REQUIREMENT -
In your copy, each line below is repeated exactly and no image appears.
________________________
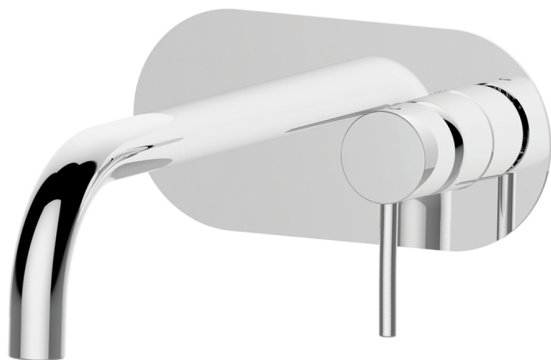

Exposed part for single lever washbasin valve NUOVA KIRUNA_K2005510

MODEL **K2005510**

Exposed part for single lever basin mixer, without concealed part, spout L.200 mm, for item Easy-Box ZB002450 and art.ZB025510

AVAILABLE FINISHINGS

-  **21** 21 Chrome
-  **26** 26 Old Copper
-  **2F** 2F Brushed Nickel
-  **2W** 2W Brushed Gold
-  **40** 40 Matt Black
-  **4Q** 4Q Matt White

CHARACTERISTICS

Installation **Concealed**

Required concealed parts **ZB002450**

Concealed single lever washbasin mixer Easy-Box CONCEALED_ZB002450

MODEL **ZB002450**

Concealed single lever washbasin mixer
Easy-Box, with protection guard box, without trim kit

AVAILABLE FINISHINGS

CHARACTERISTICS

Concealed **1**
Cartridge Spare Parts **ZZ95409000**
35 mm Cartridge

Piastra/Plate/Plaque/Platte/Placa

2-3mm: XX 56-76

10mm: XX 48-68

EcoStop

EcoStop feature limits water flow to approximately 50% of maximum output with one point of resistance on setting. Push slightly past the middle stop only when full water output is required. This will save water up to 50%.
________________________
REPLY TO THE EXERCISE -
Exposed part for single lever washbasin valve NUOVA KIRUNA_K2005510

MODEL **K2005510**

Exposed part for single lever basin mixer, without concealed part, spout L.200 mm, for item Easy-Box ZB002450 and art.ZB025510

AVAILABLE FINISHINGS

-  **21** 21 Chrome
-  **26** 26 Old Copper
-  **2F** 2F Brushed Nickel
-  **2W** 2W Brushed Gold
-  **40** 40 Matt Black
-  **4Q** 4Q Matt White

CHARACTERISTICS

Installation **Concealed**

Required concealed parts **ZB002450**

Concealed single lever washbasin mixer Easy-Box CONCEALED_ZB002450

MODEL **ZB002450**

Concealed single lever washbasin mixer
Easy-Box, with protection guard box, without trim kit

AVAILABLE FINISHINGS

CHARACTERISTICS

Concealed **1**
Cartridge Spare Parts **ZZ95409000**
35 mm Cartridge

Piastra/Plate/Plaque/Platte/Placa

2-3mm: XX 56-76

10mm: XX 48-68

EcoStop

EcoStop feature limits water flow to approximately 50% of maximum output with one point of resistance on setting. Push slightly past the middle stop only when full water output is required. This will save water up to 50%.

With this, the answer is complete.